(1) Any first party claimant to a policy of insurance who is unreasonably denied a claim for coverage or payment of benefits by an insurer may bring an action in the superior court of this state to recover the actual damages sustained, together with the costs of the action, including reasonable attorneys’ fees and litigation costs, as set forth in subsection (3) of this section.
(2) The superior court may, after finding that an insurer has acted unreasonably in denying a claim for coverage or payment of benefits or has violated a rule in subsection (5) of this section, increase the total award of damages to an amount not to exceed three times the actual damages.
(3) The superior court shall, after a finding of unreasonable denial of a claim for coverage or payment of benefits, or after a finding of a violation of a rule in subsection (5) of this section, award reasonable attorneys’ fees and actual and statutory litigation costs, including expert witness fees, to the first party claimant of an insurance contract who is the prevailing party in such an action.
(4) “First party claimant” means an individual, corporation, association, partnership, or other legal entity asserting a right to payment as a covered person under an insurance policy or insurance contract arising out of the occurrence of the contingency or loss covered by such a policy or contract.
(5) A violation of any of the following is a violation for the purposes of subsections (2) and (3) of this section:
(a) WAC 284-30-330, captioned “specific unfair claims settlement practices defined”;
(b) WAC 284-30-350, captioned “misrepresentation of policy provisions”;
(c) WAC 284-30-360, captioned “failure to acknowledge pertinent communications”;
(d) WAC 284-30-370, captioned “standards for prompt investigation of claims”;
(e) WAC 284-30-380, captioned “standards for prompt, fair and equitable settlements applicable to all insurers”; or
(f) An unfair claims settlement practice rule adopted under RCW 48.30.010 by the insurance commissioner intending to implement this section. The rule must be codified in chapter 284-30 of the Washington Administrative Code.
(6) This section does not limit a court’s existing ability to make any other determination regarding an action for an unfair or deceptive practice of an insurer or provide for any other remedy that is available at law.
(7) This section does not apply to a health plan offered by a health carrier. “Health plan” has the same meaning as in RCW 48.43.005. “Health carrier” has the same meaning as in RCW 48.43.005.

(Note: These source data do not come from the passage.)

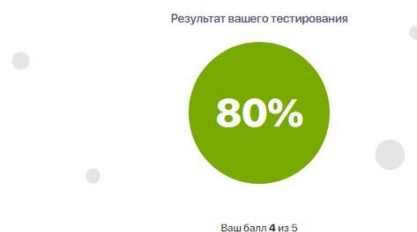

The screenshot displays the 'Placement TEST 2023' interface. At the top left, there is a back arrow and the title 'Placement TEST 2023'. A timer in the top right corner shows '01:13:55'. The main content area features a 'Listening section' with a numbered question (1) and a text-based question: 'Ken finds his keys.....'. Below the question is an audio player with a progress bar at '0:00 / 2:30'. The question asks to 'Choose one correct answer' from three options: 'in his briefcase', 'on his desk', and 'in his pocket'. On the right side, there is a 'СЛЕДУЮЩИЙ ВОПРОС >' button and a 'Навигация по вопросам' sidebar showing a list of five questions, with 'Вопрос 1.' currently selected. The sidebar also includes a '1 из 70' indicator and navigation arrows.

Вам будет предоставлена 1 попытка сдачи теста. Вы должны ответить на 70 вопросов в течение 1 часа и 15 минут. Первые 18 вопросов относятся к разделу "LISTENING", следующие 18 к "READING", 34 к "LANGUAGE USE".

- После ответа на последний вопрос теста вы увидите страницу с указанием итогового результата в процентном и/или балльном эквиваленте. Вы завершили тест.

IT инфраструктура

Выйти >
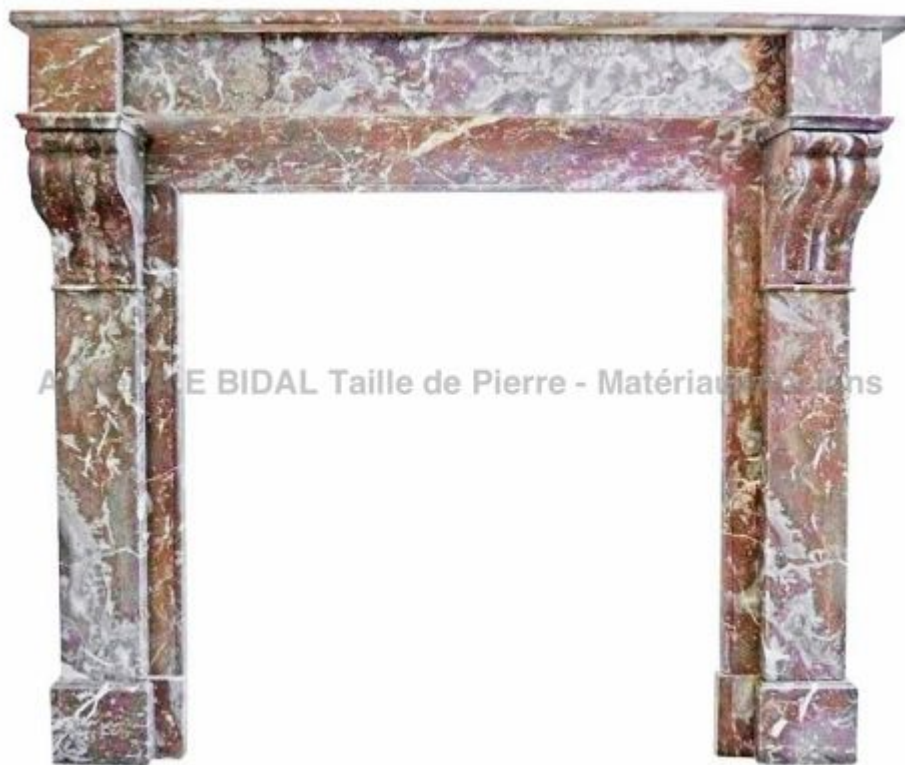

Cheminée ancienne en marbre rosé des Pyrénées

Belle cheminée ancienne d'époque et de style Napoléon III en marbre rose richement veiné de blanc.

Hauteur 102 cm

Largeur 117 cm

Profondeur 30 cm

- Ouverture foyère : L 76 cm x H 80 cm
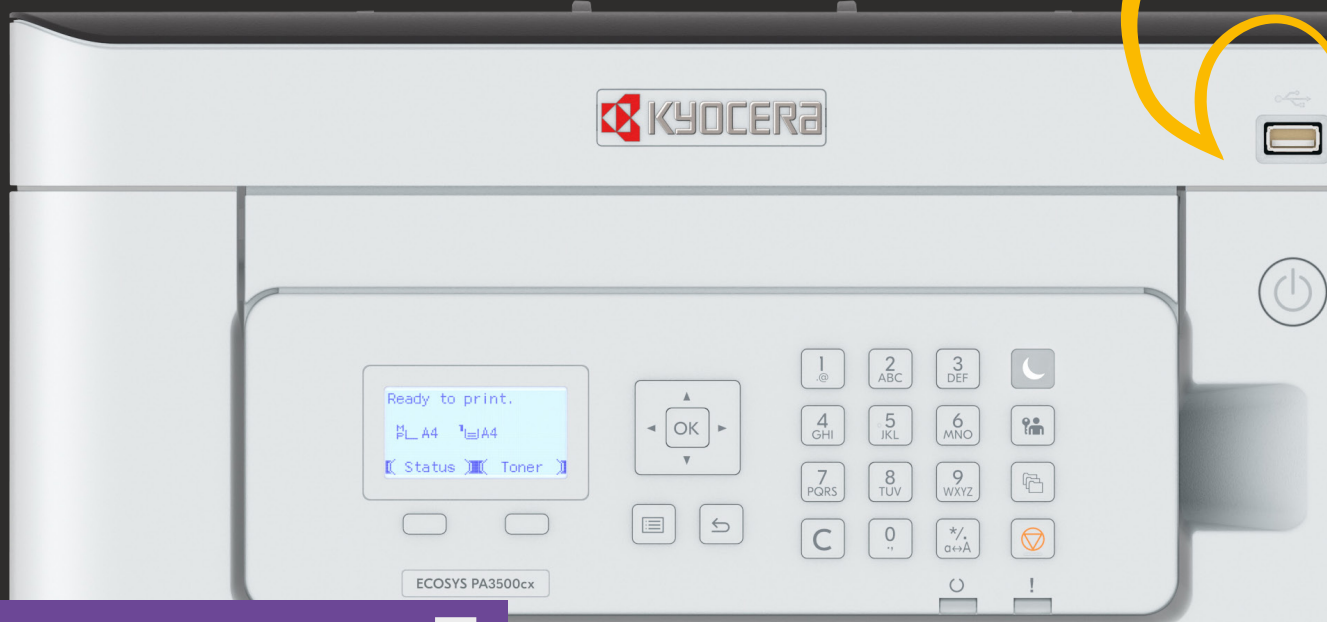

Nyomtató egy modern munkakörnyezethez

Az ECOSYS PA3500cx nyomtatóval fokozhatja vállalkozása növekedését és a új szintre emelheti produktivitását. A közepes és nagy méretű munkacsoportok számára készült A4-es színes készülék a Kyocera hosszú élettartamú alkatrészeivel lett felszerelve, amelyek segítenek csökkenteni a pazarlást és kivételes megbízhatóságot biztosítanak.

ECOSYS PA3500cx

Kompakt kivitel

Akár 35 oldal percenként

Wi-Fi Direct funkció

Tulajdonságok

ÁLTALÁNOS

KYOCERA ECOSYS Színes Lézernyomatató

Vezérlőpanel: 5 soros háttérvilágított LCD kijelző, numerikus billentyűzettel

(a) Twenty days prior to filing an action based on this section, a first party claimant must provide written notice of the basis for the cause of action to the insurer and office of the insurance commissioner. Notice may be provided by regular mail, registered mail, or certified mail with return receipt requested. Proof of notice by mail may be made in the same manner as prescribed by court rule or statute for proof of service by mail. The insurer and insurance commissioner are deemed to have received notice three business days after the notice is mailed.
(b) If the insurer fails to resolve the basis for the action within the twenty-day period after the written notice by the first party claimant, the first party claimant may bring the action without any further notice.
(c) The first party claimant may bring an action after the required period of time in (a) of this subsection has elapsed.
(d) If a written notice of claim is served under (a) of this subsection within the time prescribed for the filing of an action under this section, the statute of limitations for the action is tolled during the twenty-day period of time in (a) of this subsection.
[2007 c 498 § 3 (Referendum Measure No. 67, approved November 6, 2007).]
Short title—2007 c 498: “This act may be known and cited as the insurance fair conduct act.” [ 2007 c 498 § 1.]